Please write out every record exactly, but keep any images out of it.
*** Opening of INFORMATION ***
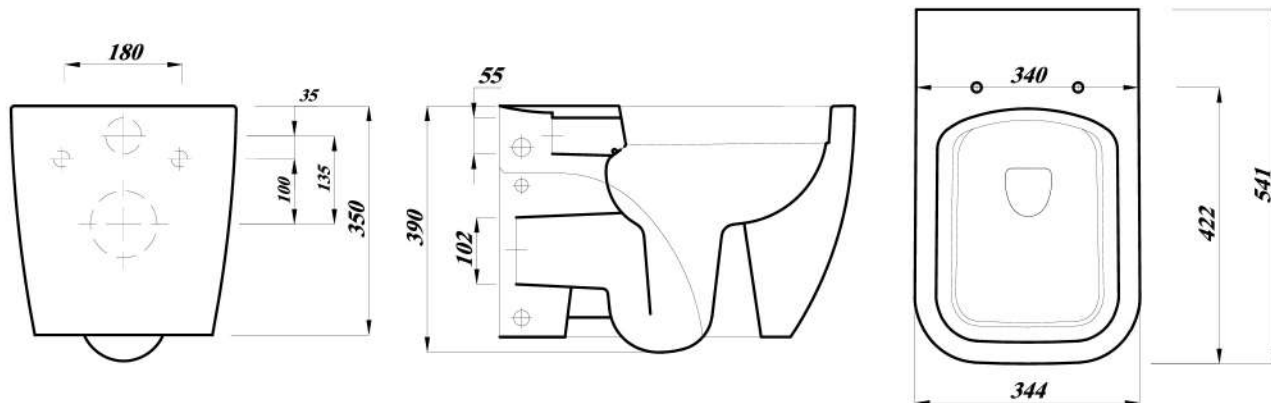

Matrix Square (Wall Hung)

Overview:

Give yourself more breathing space and style your bathroom in pure simplicity with Matrix square WH WC.

Key Product Features:

- Luxury design.
- Very Powerful flush.
- Rimless.
- Horizontal outlet.
- Water saving environmental adjustment.

Product	المنتج	Pan	مرحاض	Cistern	الخران	سيديلي	Seat Cover	
Code	الكود	WC P	FS11N2TA1Y0000	FC10025001ZZ01		FC100112030001		
Colour	اللون							
Material	الخامة	Vitreous China | الخزف الصيني		Urea | يوريا				
DOP	بيانات الأداء	WCC1						
Inlet	مدخل المياه بالخران	One bottom inlet		عدد ا فتحة تغذية				
Sprayer	شطاف	With Spr. Hole		متوفر بفتحة شطاف				
Estimated Weight in Kg	الوزن بالكيلو	22		11		3		
Flushing mechanism	صرف الماكينة	Dual flush push button		ماكينة صرف ضاغط مزدوج				
Flushing volume	كمية مياه الصرف بالخران	6L						
CAD download	تحميل الرسم الهندسي	√		√		N/A	لا يوجد	
Standard	المعايير القياسية	EN997-CL1-6A+CL2						

Shown : Wall Hung WC, available on (P) trap. Available with or without douche.

Special Notes :

Pan fixes to floor using side fixing screws supplied with pan.
Cistern can be fixed to a wall.

ملاحظات خاصة :

يتم تثبيت المراض على الارض باستخدام مسامير تثبيت جانبي المرفق مع المراض. يمكن تركيب الخزان على الحائط.
*** Close of INFORMATION ***
▸ **TASK SOLUTION**
Matrix Square (Wall Hung)

Overview:

Give yourself more breathing space and style your bathroom in pure simplicity with Matrix square WH WC.

Key Product Features:

- Luxury design.
- Very Powerful flush.
- Rimless.
- Horizontal outlet.
- Water saving environmental adjustment.

Product	المنتج	Pan	مرحاض	Cistern	الخران	سيديلي	Seat Cover	
Code	الكود	WC P	FS11N2TA1Y0000	FC10025001ZZ01		FC100112030001		
Colour	اللون							
Material	الخامة	Vitreous China | الخزف الصيني		Urea | يوريا				
DOP	بيانات الأداء	WCC1						
Inlet	مدخل المياه بالخران	One bottom inlet		عدد ا فتحة تغذية				
Sprayer	شطاف	With Spr. Hole		متوفر بفتحة شطاف				
Estimated Weight in Kg	الوزن بالكيلو	22		11		3		
Flushing mechanism	صرف الماكينة	Dual flush push button		ماكينة صرف ضاغط مزدوج				
Flushing volume	كمية مياه الصرف بالخران	6L						
CAD download	تحميل الرسم الهندسي	√		√		N/A	لا يوجد	
Standard	المعايير القياسية	EN997-CL1-6A+CL2						

Shown : Wall Hung WC, available on (P) trap. Available with or without douche.

Special Notes :

Pan fixes to floor using side fixing screws supplied with pan.
Cistern can be fixed to a wall.

ملاحظات خاصة :

يتم تثبيت المراض على الارض باستخدام مسامير تثبيت جانبي المرفق مع المراض. يمكن تركيب الخزان على الحائط.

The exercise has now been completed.